Майор из Джелалабада рассказал мне как-то историю о том, как ездил летом 87-го в отпуск. Жена с дочкой встретили его в аэропорту. Взяв такси, помчали в город. Жена всю дорогу плакала, целовала его в белесые виски мокрыми холодными губами. Когда подъезжали к дому, дочь спросила:

– Папочка, а ты будешь мне дарить две шоколадки перед школой?

– Две много, но одну – обязательно! – улыбнулся он.

– Папочка, я хочу две, – попросила дочка. – Дядя Валера каждое утро, когда уходил от нас, дарил мне две шоколадки.

Майор закрыл глаза. Счастливый хмель из него, словно клином, вышибло. Он попросил шофера остановить машину. По крыше тяжело били капли дождя. Майор протянул водителю четвертной и попросил довезти жену и дочь до дому. Взял сумку и пошел прочь. С тех пор он их не видел…

***

– Эх, жизня моя, – Ушаков звучно ударил ладонями по икрам, – комедия со смертельным исходом! Братцы, а знаете, как проверять верность жены, когда возвращаешься с полигона домой?

– Мне бы для начала отженихаться. – Славка заблестел картечинками глаз.

– Это от тебя никуда не улетит, – постановил Ушаков, – ежели ты сам не улетишь. Так вот, метода т-такая: подъезжаешь к дому, идешь к подъезду, грохочешь сапогами на полную мощь. Старухи на лавках замирают, притаившись от ужаса. Набираешь в легкие побольше воздуха и орешь им, что есть мочи: «Ну, что, б…!» А они тебе в ответ:

«Это мы-то б..?! А вот твоя, такая-растакая..!» Тут ты все и узнаешь.

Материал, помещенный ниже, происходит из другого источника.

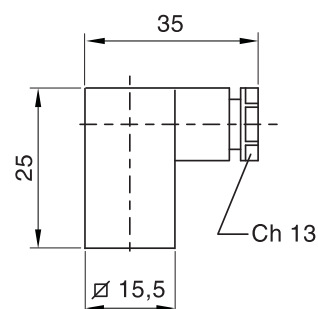

1 = 0 VDC
2 = OUT 1 ÷ 5 VDC
3 = +10 VDC

MODELLO	MODEL	FOX TR44.3/M2
MATERIALE	MATERIAL	OTTONE
SCALA DI LAVORO	PRESSURE RANGE	0 ÷ 100 bar
PRESSIONE MASSIMA	OVER PRESSURE SAFETY	200 bar
NON LINEARITA' + ISTERESI	ACCURACY AND HYSTERESIS	< 1% FS
DERIVA TERMICA DELLO ZERO (0...70°C)	ZERO THERMAL DRIFT (0...70°C)	< 3% FS
TEMPO DI RISPOSTA (0...90%)	RESPONSE TIME (0...90%)	< 50 ms
TENSIONE DI ALIMENTAZIONE	POWER SUPPLY	10 VDC
SEGNALE IN USCITA	SIGNAL OUTPUT	1 ÷ 5 VDC
CORRENTE SU USCITA	CURRENT OUTPUT	MAX 100 mA
CONSUMO	CONSUMPTION	30mA
IMPEDENZA DI INGRESSO	INPUT IMPEDANCE	100 Ohm
TEMPERATURA DI STOCCAGGIO	STORAGE TEMPERATURE	-35°C + 110°C
GRADO DI PROTEZIONE	PROTECTION	IP 65
CONNESSIONE IDRAULICA	PRESSURE CONNECTION	1/4" BSP
CONNESSIONE ELETTRICA	ELECTRICAL CONNECTION	M2 DIN43650 16 x16 mm.
PESO	WEIGHT	0,1 kg

descrizione	description	codice / code
trasduttore 3100	pressure transducer 3100	R8 0205 112

imballo : millebolle /packing : pluriball

descrizione	description	codice / code
sonda temperatura lunghezza m 1	temperature sensor length m 1	R8 0205 113
sonda temperatura lunghezza m 2	temperature sensor length m 2	R8 0205 114
sonda temperatura lunghezza m 3	temperature sensor length m 3	R8 0205 115
sonda temperatura lunghezza m 4	temperature sensor length m 4	R8 0205 116
sonda temperatura lunghezza m 5	temperature sensor length m 5	R8 0205 117
sonda temperatura lunghezza m 6	temperature sensor length m 6	R8 0205 118
sonda temperatura lunghezza m 7	temperature sensor length m 7	R8 0205 119
sonda temperatura lunghezza m 8	temperature sensor length m 8	R8 0205 120
sonda temperatura lunghezza m 9	temperature sensor length m 9	R8 0205 121
sonda temperatura lunghezza m 10	temperature sensor length m 10	R8 0205 122

Замкомбата Корниенко и заместитель командира полка Ляшенко, незаметно появившиеся в комнате во время монолога Ушакова, затряслись от беззвучного смеха. Адлюков прихлопнул в ладоши.

– Ай да комбат! – Корниенко смахнул слезу.

– Ты бы, – неожиданно посерьезнел Ушаков, – лучше меньше смеялся, да дело бы делал.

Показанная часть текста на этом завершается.